What you will do: Determine how many lines in the records hold "Diameter", and give that number with nothing added.

(Collected data)
[Start of section]

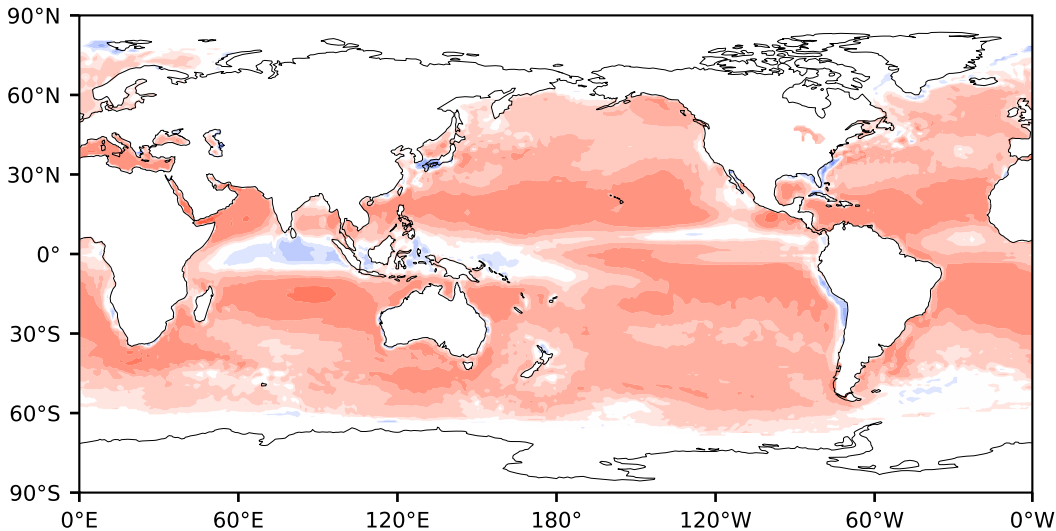

Model - Observations

Max 134.88
Mean 21.30
Min -126.02

RMSE 26.11
CORR 0.95
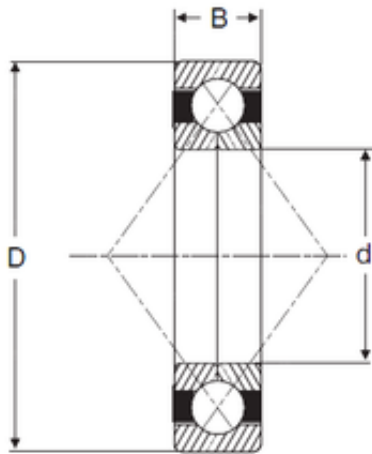

# CYSD TAPERED BEARINGS CO.,LTD

40 mm x 90 mm x 23 mm SIGMA QJ 308  
angular contact ball bearings

Bearing No. QJ 308

Size	40x90x23 mm
Bore Diameter	40 mm
Outer Diameter	90 mm
Width	23 mm
d	40 mm
D	90 mm
B	23 mm
C	23 mm

QJ 308 Bearing 2D drawings and 3D CAD models
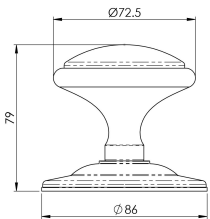

Round Centre Door Knob

M61 Range

Elegant and timeless design, the tiered rose rises to the slender neck of the mushroom shaped handle. Offering superb ergonomics and with its robust nature will cope easily with regular usage. Traditionally fitted to the centre of front doors to pull them closed on departing the house. Can be used for this purpose as it is supplied with a substantial fixing or just added to the front door as a charming decorative design feature.
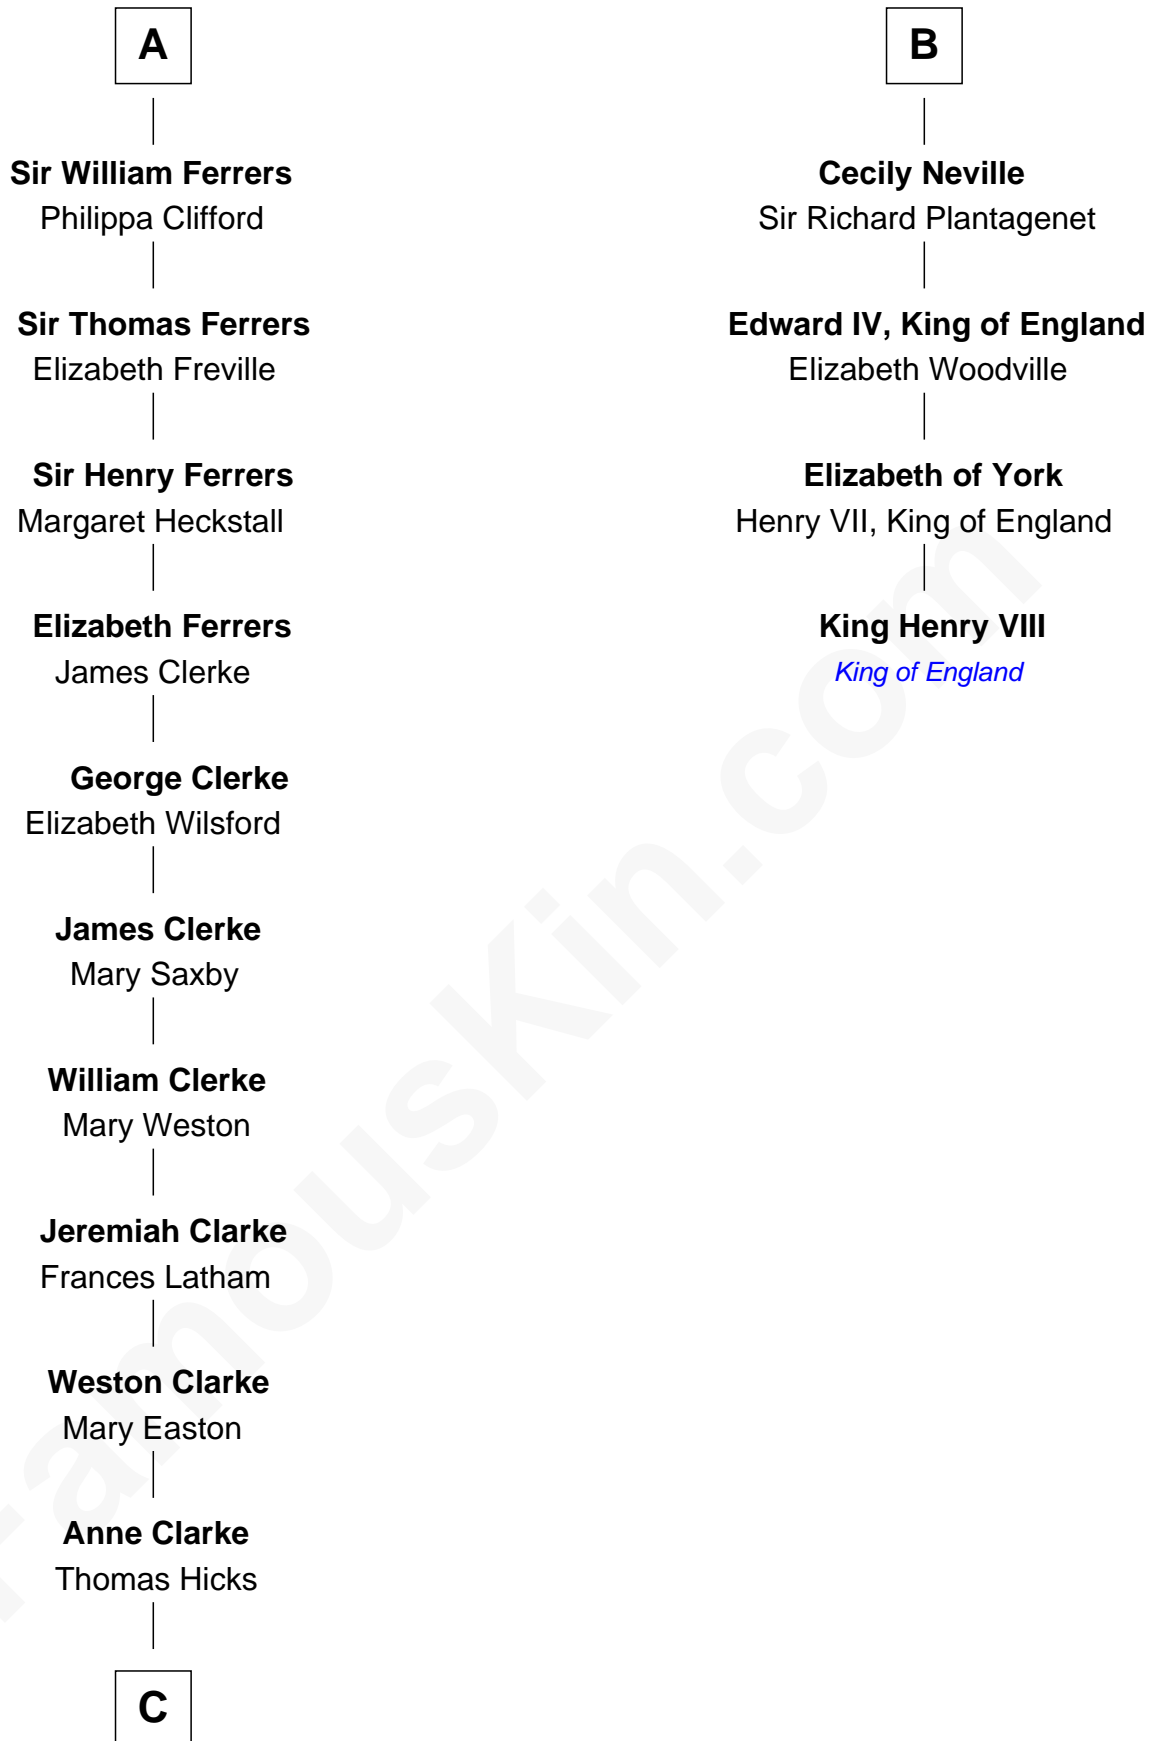

# FamousKin.com Relationship Chart of

**Hetty Green**

*"The Witch of Wall Street"*

10th cousin 11 times removed of

**King Henry VIII**

*King of England*

**C**

Thomas Hicks

Judith Akin

Sarah Hicks

Gideon Howland

Gideon Howland

Mehitable Howland

Abby Slocum Howland

Edward Mott Robinson

Hetty Green

*"The Witch of Wall Street"*

FamousKin.com

[End of section]

Response to the task: 2